▶ Data extract
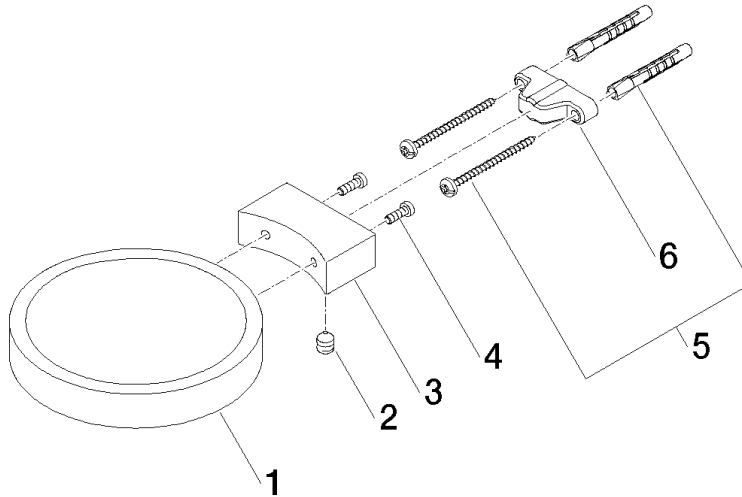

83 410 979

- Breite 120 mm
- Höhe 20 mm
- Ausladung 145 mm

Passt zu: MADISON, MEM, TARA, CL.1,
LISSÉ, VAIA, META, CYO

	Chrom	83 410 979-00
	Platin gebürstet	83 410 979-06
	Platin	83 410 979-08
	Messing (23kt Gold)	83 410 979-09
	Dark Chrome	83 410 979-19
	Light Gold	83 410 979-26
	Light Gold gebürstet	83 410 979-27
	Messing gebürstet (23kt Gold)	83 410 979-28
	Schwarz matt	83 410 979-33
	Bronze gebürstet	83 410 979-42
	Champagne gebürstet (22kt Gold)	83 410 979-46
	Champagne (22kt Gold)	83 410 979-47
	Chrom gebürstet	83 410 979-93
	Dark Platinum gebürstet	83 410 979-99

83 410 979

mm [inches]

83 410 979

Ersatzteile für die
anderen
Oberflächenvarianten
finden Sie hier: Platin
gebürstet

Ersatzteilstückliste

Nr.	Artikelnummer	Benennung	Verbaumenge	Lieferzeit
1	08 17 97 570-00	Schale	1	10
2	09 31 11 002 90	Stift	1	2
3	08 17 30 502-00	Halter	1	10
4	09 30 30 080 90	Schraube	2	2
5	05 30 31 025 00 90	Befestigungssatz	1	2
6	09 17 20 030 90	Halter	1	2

▶ Exercise
Would you print the line containing "30 31 025 00" and every line after it up to the end of the listing above, exactly, and nothing else?

▶ Result for this exercise
5	05 30 31 025 00 90	Befestigungssatz	1	2
6	09 17 20 030 90	Halter	1	2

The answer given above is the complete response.